**Your task**
In the records that follow, find the line with "Tasso di occupazione"; from there, retype every line exactly through the line with "Analisi territoriale", which also belongs to the answer.

**Data supplied**
= = =
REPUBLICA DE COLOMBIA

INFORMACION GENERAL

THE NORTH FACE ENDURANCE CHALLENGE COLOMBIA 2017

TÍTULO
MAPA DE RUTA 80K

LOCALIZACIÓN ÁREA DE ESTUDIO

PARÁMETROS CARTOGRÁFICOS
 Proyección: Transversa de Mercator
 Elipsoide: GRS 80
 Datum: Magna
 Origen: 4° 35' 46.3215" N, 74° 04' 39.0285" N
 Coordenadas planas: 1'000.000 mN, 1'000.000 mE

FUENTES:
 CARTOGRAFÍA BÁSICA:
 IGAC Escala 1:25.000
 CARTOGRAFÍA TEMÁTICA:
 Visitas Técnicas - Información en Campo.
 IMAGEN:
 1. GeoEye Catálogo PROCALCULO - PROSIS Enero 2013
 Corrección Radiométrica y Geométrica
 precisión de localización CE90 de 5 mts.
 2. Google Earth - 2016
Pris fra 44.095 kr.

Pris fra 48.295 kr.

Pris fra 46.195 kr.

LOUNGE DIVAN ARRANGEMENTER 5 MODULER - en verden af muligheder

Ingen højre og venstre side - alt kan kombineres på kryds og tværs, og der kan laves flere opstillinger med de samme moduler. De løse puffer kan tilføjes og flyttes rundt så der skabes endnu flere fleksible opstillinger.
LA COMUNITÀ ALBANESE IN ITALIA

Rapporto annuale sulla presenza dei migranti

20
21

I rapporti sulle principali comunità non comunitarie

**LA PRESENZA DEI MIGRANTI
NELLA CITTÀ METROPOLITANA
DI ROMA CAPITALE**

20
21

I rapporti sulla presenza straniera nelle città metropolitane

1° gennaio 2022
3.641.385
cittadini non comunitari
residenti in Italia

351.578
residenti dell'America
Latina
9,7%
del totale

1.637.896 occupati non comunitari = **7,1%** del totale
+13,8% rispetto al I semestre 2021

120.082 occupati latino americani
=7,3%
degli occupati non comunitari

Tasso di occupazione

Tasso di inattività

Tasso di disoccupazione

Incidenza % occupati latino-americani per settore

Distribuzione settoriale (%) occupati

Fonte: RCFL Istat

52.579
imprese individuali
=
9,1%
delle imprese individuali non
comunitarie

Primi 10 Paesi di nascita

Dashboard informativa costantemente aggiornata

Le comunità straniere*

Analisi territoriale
= = =
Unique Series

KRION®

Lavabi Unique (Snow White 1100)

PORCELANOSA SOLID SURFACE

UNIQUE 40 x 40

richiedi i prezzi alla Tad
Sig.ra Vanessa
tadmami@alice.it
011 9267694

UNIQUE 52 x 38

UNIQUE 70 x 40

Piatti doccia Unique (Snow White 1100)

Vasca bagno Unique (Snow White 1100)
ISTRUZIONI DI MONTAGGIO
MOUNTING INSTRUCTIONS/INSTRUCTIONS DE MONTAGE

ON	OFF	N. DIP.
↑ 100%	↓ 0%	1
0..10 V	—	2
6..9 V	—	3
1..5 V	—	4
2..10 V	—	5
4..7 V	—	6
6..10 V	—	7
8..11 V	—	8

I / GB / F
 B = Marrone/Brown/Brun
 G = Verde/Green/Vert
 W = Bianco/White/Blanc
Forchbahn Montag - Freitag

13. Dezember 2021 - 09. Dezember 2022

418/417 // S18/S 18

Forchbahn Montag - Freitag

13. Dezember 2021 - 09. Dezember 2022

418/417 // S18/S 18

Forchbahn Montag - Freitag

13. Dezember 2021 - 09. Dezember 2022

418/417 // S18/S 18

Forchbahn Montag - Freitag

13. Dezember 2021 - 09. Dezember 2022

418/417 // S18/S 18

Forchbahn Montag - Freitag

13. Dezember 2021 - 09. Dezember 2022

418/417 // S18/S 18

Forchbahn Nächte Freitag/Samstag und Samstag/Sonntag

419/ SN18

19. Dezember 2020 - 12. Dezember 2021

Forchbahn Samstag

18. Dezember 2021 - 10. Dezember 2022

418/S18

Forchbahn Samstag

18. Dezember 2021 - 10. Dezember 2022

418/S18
= = =
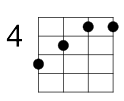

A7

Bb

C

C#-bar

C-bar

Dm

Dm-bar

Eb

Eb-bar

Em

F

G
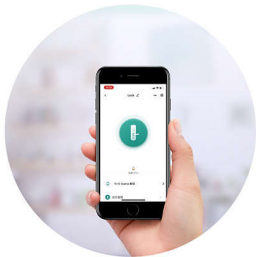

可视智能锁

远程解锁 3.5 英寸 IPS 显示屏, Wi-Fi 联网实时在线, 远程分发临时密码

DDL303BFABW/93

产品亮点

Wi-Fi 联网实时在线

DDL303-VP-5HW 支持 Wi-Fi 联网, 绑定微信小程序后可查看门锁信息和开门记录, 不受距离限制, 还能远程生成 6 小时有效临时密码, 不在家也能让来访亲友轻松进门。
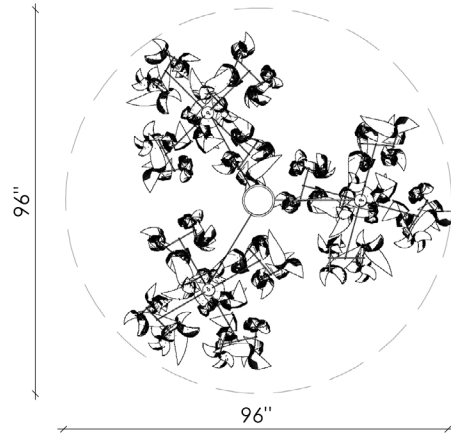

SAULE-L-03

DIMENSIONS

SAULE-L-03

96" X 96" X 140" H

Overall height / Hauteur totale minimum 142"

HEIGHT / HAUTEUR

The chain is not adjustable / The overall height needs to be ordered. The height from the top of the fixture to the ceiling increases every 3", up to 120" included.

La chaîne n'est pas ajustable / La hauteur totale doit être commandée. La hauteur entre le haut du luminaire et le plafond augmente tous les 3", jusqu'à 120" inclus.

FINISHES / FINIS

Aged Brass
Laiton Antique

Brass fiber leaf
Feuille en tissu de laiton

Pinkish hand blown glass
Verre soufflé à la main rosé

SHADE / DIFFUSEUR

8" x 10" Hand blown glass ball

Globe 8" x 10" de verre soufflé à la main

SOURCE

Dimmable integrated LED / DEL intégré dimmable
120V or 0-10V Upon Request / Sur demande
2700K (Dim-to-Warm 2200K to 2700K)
= = =
**Completed task**
Tasso di occupazione

Tasso di inattività

Tasso di disoccupazione

Incidenza % occupati latino-americani per settore

Distribuzione settoriale (%) occupati

Fonte: RCFL Istat

52.579
imprese individuali
=
9,1%
delle imprese individuali non
comunitarie

Primi 10 Paesi di nascita

Dashboard informativa costantemente aggiornata

Le comunità straniere*

Analisi territoriale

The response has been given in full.